Analyzer
The Analyzer component provides multiple analyses and metrics in order to evaluate the performances of the model.
It is possible to evaluate the model on the whole data set or only on a subset, splitting the evaluation for each category or for each meta-annotation value.
AnalyzerClassification
The AnalyzerClassification class can be used to perform diagnostics for classification models.
Parameters
- classifier_name
str- Name of the classifier. It is used as folder to save results.
- dataset
DatasetClassification- Dataset used to perform the analysis.
- result_saving_path
str, optional- Path used to save results.
(default is './results/') - use_normalization
bool, optional- Indicates whether normalisation should be used.
(default is False) - norm_factor_categories
float, optional- Normalisation factor for the categories. If not specified, the default value is 1/number_of_categories.
(default is None) - norm_factors_properties
list of pair, optional- Normalization factor for the properties. Each pair (property_name, value) specifies the normalisation factor to be applied to a specific property. If not specified, for each property the default value is 1/number_of_property_values.
(default is None) - conf_thresh
float, optional- Confidence threshold. All the predictions with a confidence value less than the threshold are ignored.
If not specified, for single-label classification problems, the default value is 0.

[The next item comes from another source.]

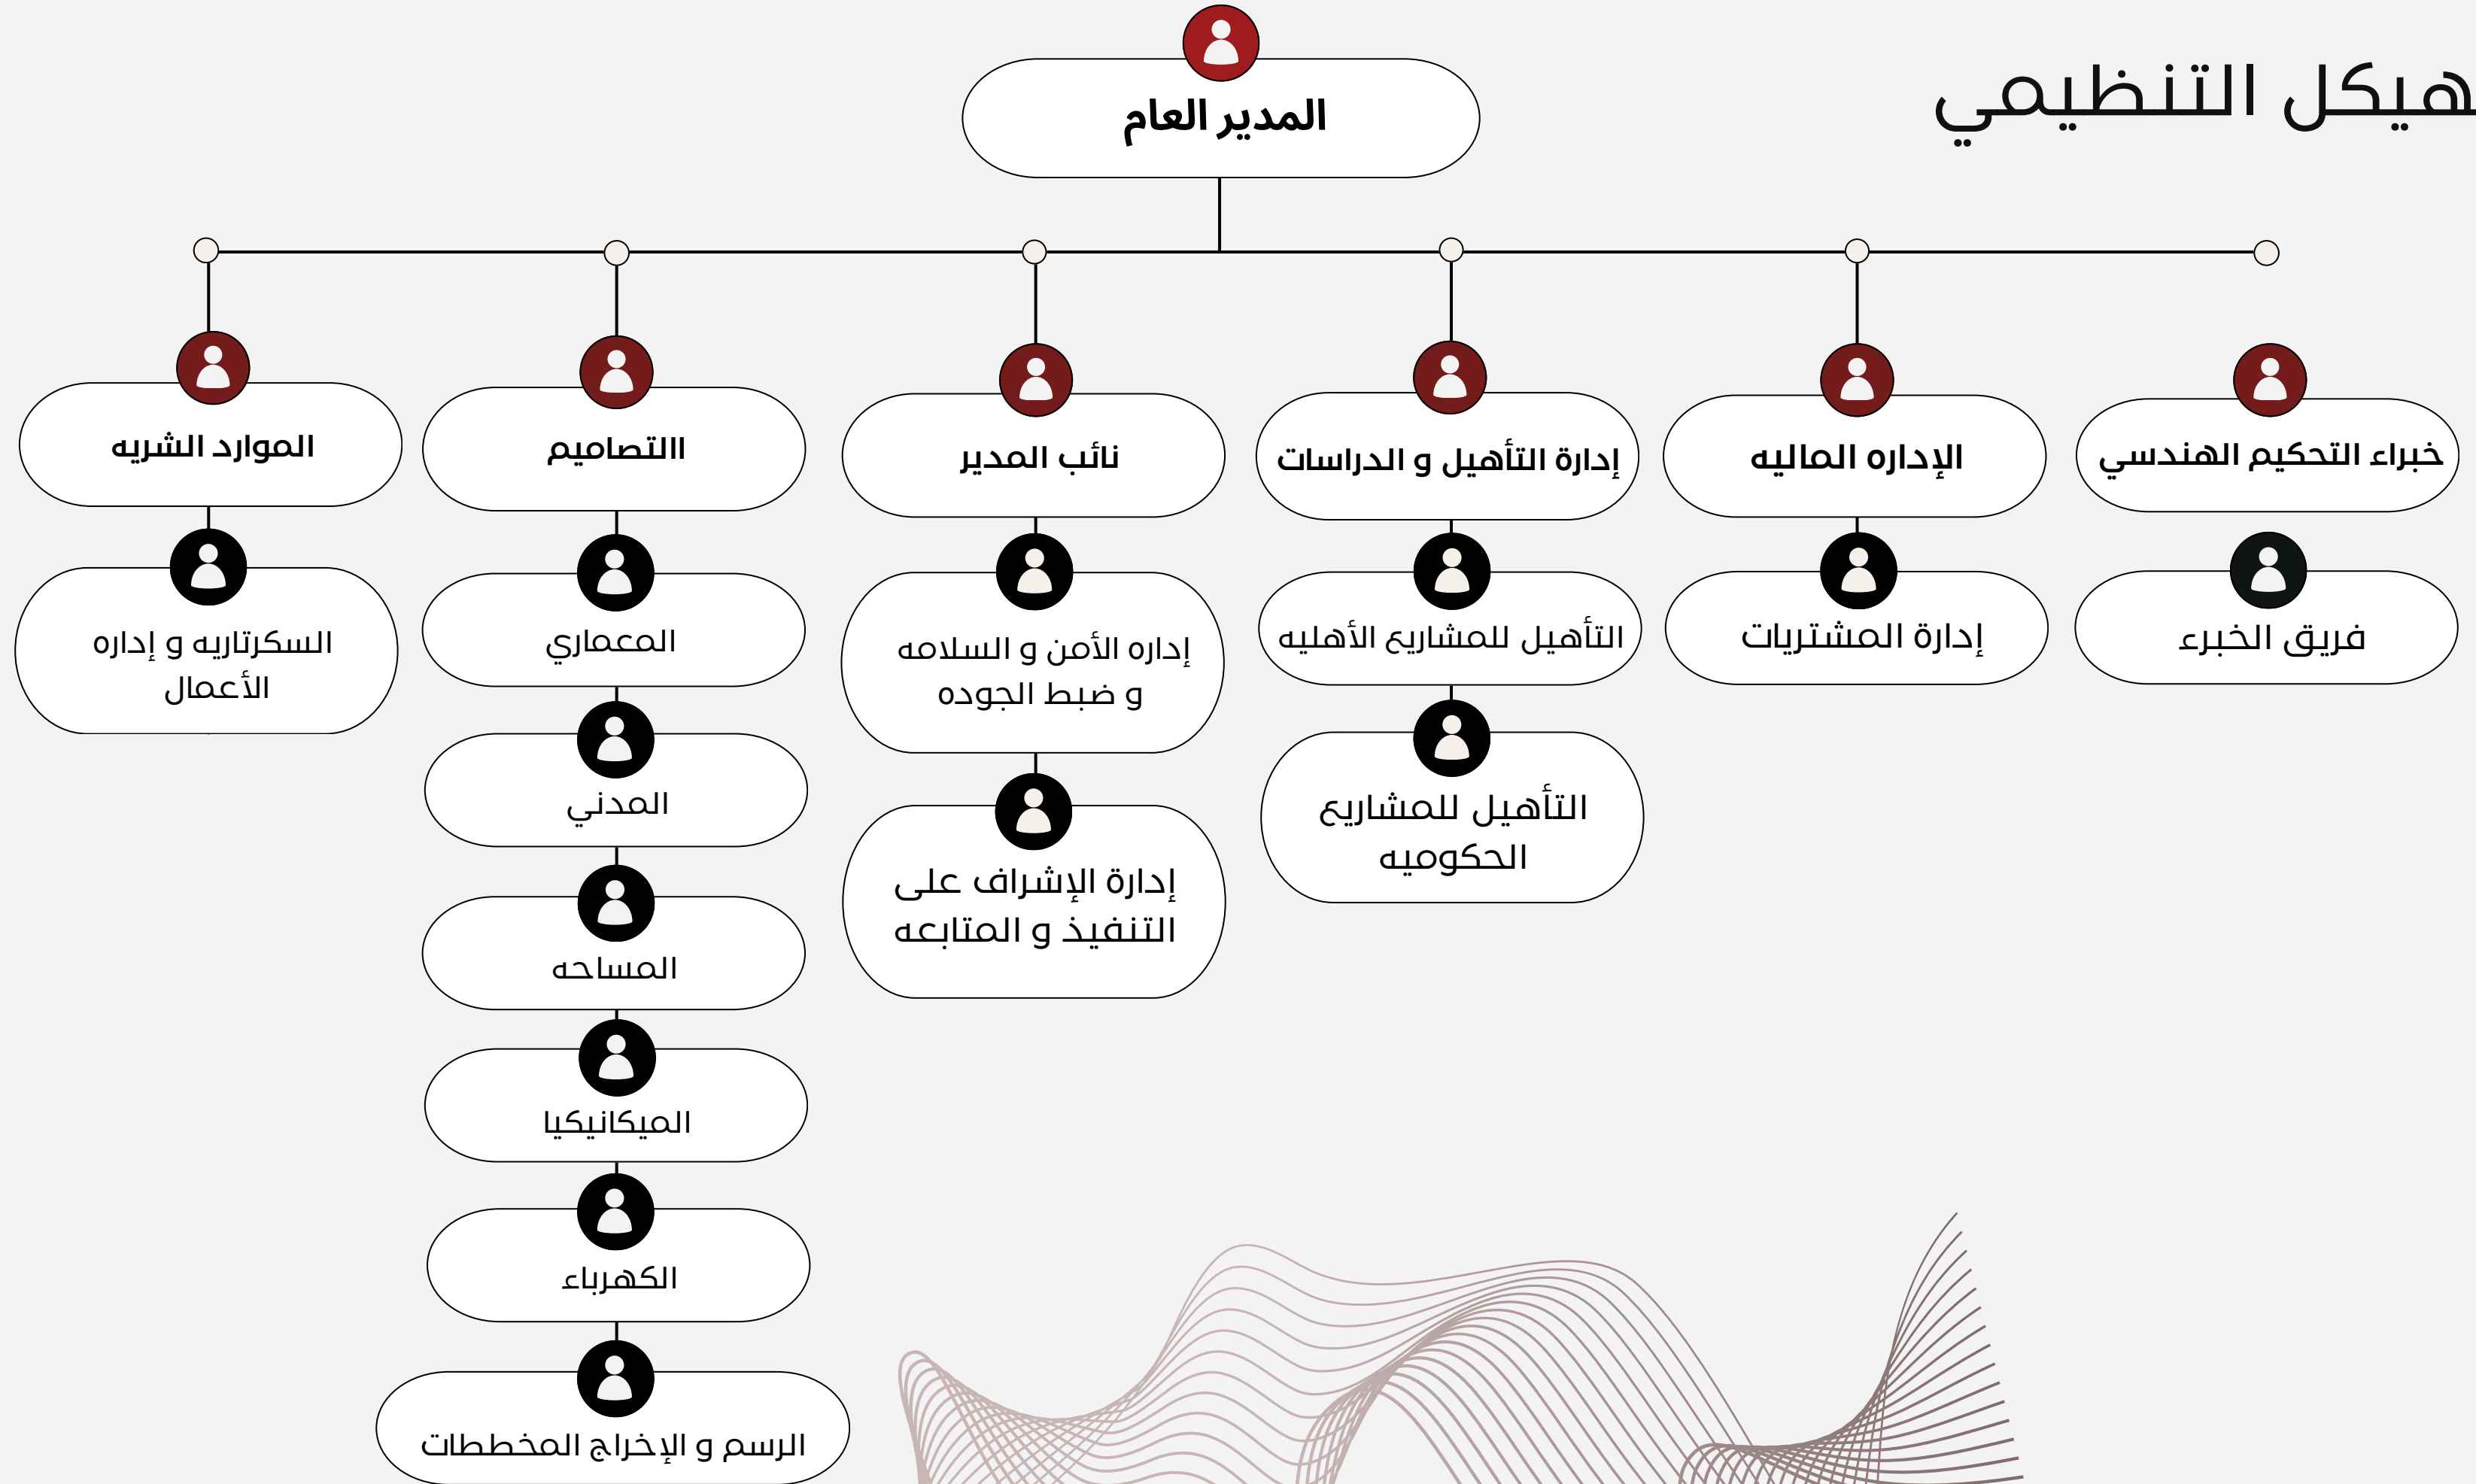

الهيكل التنظيمي

If not specified, for binary and multi-label classification problems the default value is 0.5.
(default is None) - metric
Metrics, optional- The evaluation metric that will be used as default.
(default is Metrics.F1_SCORE) - save_graphs_as_png
bool, optional- Indicates whether plots should be saved as .png images.
(default is True)
Example
from odin.classes import AnalyzerClassification
# N.B. If different models proposals have been loaded to the dataset, the
# classifier name must be the same of one of the models names provided
# with the predictions when my_classification_dataset has been created
my_analyzer = AnalyzerClassification("my_classifier_name", my_classification_dataset)
AnalyzerLocalization
The AnalyzerLocalization class can be used to perform diagnostics for localization models, such as object detection and instance segmentation.
Parameters
- detector_name
str- Name of the detector. It is used as folder to save results.
- dataset
DatasetLocalization- Dataset used to perform the analysis.
- result_saving_path
str, optional- Path used to save results.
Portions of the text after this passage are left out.